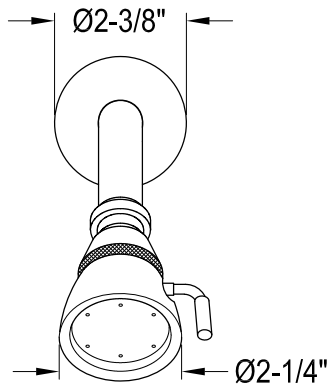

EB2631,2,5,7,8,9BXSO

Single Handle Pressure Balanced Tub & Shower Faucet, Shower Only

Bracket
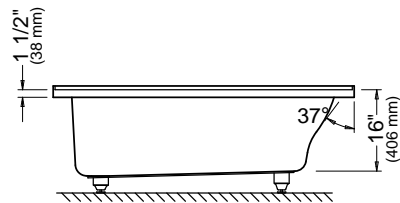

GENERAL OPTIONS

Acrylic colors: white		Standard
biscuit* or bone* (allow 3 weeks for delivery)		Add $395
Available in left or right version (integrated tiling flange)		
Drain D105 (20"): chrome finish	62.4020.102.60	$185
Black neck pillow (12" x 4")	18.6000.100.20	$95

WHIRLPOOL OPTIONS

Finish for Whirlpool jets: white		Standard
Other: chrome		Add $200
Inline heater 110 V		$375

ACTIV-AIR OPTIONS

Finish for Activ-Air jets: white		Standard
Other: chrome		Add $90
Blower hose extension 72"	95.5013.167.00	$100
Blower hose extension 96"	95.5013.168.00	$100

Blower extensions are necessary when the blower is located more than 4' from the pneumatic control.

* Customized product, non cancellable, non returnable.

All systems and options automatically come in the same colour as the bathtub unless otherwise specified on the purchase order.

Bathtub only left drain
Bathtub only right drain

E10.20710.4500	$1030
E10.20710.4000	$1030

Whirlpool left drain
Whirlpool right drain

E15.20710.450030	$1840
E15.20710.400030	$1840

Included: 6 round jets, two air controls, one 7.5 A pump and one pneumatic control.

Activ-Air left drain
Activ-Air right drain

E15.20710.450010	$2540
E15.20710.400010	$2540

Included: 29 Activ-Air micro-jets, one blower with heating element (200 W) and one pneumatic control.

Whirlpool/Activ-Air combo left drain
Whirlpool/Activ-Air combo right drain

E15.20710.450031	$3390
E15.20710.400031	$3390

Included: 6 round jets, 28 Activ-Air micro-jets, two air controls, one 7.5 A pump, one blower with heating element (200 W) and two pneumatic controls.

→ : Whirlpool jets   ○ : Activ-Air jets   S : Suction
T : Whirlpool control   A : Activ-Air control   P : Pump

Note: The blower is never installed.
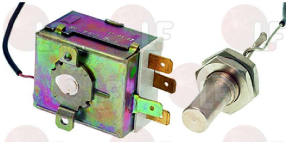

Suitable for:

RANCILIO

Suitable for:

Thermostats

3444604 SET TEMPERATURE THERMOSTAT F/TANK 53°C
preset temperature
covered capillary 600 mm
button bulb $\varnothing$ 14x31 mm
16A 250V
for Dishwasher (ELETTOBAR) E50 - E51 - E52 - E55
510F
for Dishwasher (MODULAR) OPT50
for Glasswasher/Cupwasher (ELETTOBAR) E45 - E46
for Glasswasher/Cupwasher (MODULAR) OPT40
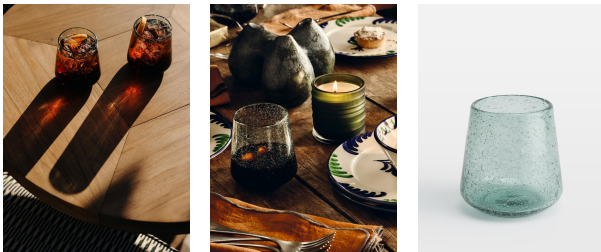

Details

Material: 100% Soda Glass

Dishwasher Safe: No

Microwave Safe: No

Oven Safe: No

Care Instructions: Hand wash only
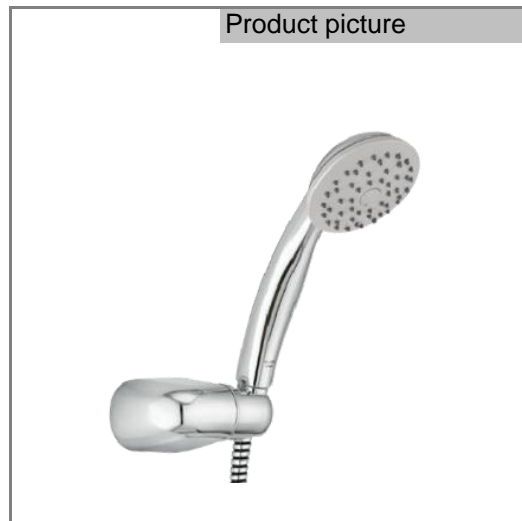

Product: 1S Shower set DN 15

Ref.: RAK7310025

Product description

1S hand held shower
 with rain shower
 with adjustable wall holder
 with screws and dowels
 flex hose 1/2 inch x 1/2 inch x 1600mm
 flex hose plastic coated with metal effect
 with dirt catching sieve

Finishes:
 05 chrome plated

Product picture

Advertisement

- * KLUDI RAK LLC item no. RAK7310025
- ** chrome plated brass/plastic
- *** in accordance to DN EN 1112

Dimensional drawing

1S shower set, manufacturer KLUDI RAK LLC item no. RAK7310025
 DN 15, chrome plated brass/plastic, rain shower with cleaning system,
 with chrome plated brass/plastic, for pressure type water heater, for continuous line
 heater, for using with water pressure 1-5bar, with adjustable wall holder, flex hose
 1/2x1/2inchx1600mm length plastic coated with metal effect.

## [Exercise requirements]
From the entries, report every line in which the string "wall" occurs.

## [Answer]
 with adjustable wall holder
 heater, for using with water pressure 1-5bar, with adjustable wall holder, flex hose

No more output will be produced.